In his book, Waves in an Impossible Sea: How Everyday Life Emerges from the Cosmic Ocean, theoretical physicist Matt Strassler talks about the Big Bang phib (physics fib), which is one of the instances where physicists communicate a difficult-to-understand idea by simplifying it for popular consumption.
The Big Bang phib suggests that the universe's birth resembled a bomb detonating in an empty room, creating a fireball that subsequently cooled as it expanded into emptiness. But the universe had no surrounding emptiness.
Instead, at the earliest times we know anything about, the hot, violent, roiling soup (and in this case, it really was like a soup -- an ordinary medium) of elementary wavicles [particles with a wave nature] was already everywhere throughout the cosmos.

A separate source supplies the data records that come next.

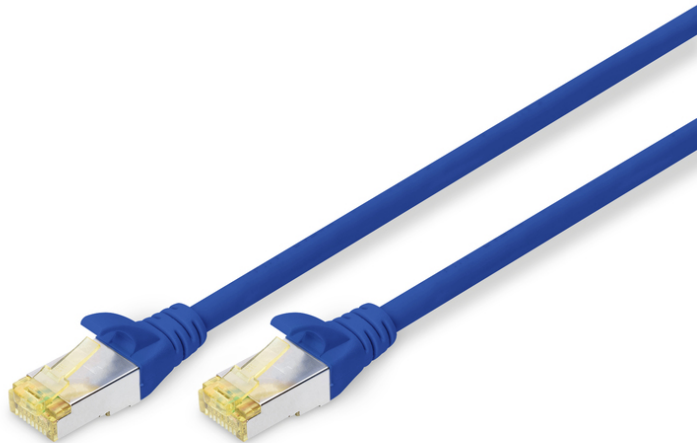

DIGITUS CAT 6A S/FTP Patchkabel

DK-1644-A-070/B
EAN 4016032327554

CAT 6A S-FTP Patchkabel, Cu, LSZH AWG 26/7, Länge 7 m, Farbe Blau

Die DIGITUS® Kategorie 6A Klasse EA Patchkabel werden hergestellt und getestet nach dem ISO/IEC 11801 und DIN EN 50173 CAT 6A Standard. Sie garantieren, dass die Kabelinstallation der ISO & EN Channel Spezifikation entspricht und bieten eine hervorragende Leistung in der DIGITUS® CAT 6A Verkabelung. Die Leistung wurde bis 500 MHz getestet, inklusive Leistungseigenschaften wie beispielsweise dem Nahnebensprechen („NEXT“). Die DIGITUS® Patchkabel wurden speziell entwickelt um allen Ansprüchen in den verschiedenen Anwendungsbereichen in vollem Umfang gerecht zu werden. Jedes Kabel ist mit einer angespritzten Knickschutztülle mit Zugentlastung ausgestattet. Außerdem besitzt die Tülle einen Rasthebelschutz, welcher das Verhaken der Kabel sowie das Abbrechen des Rasthebels vom Stecker verhindert. Eine einfache Identifizierung der Kategorie 6A wird durch die gelbe Einfärbung der Stecker ermöglicht.

Zukunftsorientierte Standards und High-End Qualität für Ihr Netzwerk.

- 2x RJ45-Stecker (8P8C)
- Geschirmt
- Hauben mit Knickschutz, Zugentlastung und Rasthebelschutz
- Längenbezeichnung auf den Hauben
- Innenleiter: Kupfer (Cu)
- Anschluss 1: Modular RJ45 (8/8) Stecker
- Anschluss 2: Modular RJ45 (8/8) Stecker
- Belegung: 1:1
- Sortiment: Twisted Pair Patchkabel
- Verpackung: DIGITUS Polybag
- Kategorie: CAT 6A
- Schirmung: S-FTP, Paare in Metallfolie und Geflecht geschirmt
- Länge: 7 m
- Farbe: blau
- Kabelaufbau: 4 x 2 AWG 26/7, Twisted Pair
- Mantel: LSOH
- Slim Version: nein

Even possessing the energy of a gazillion bombs, such a thing couldn't explode outward because there was more hot soup blocking the way, also wishing it could explode. It was a universal firestorm, with nowhere to go.
Normally an everywhere-hot soup, unable to cool or spread out, would remain hot and fixed for eternity. So why didn't the universe just stay that way? Because space can stretch. Some unknown event, even earlier in time, gave the universe a kick that caused space itself to expand rapidly.
(This kick, or whatever caused it, is what most scientists refer to as "the Big Bang," though not everyone defines the term the same way.)
As the space expanded, it gave the wavicles in the hot soup more room to roam, and so the soup expanded too, allowing it to cool. It's still growing and cooling today, though much more slowly.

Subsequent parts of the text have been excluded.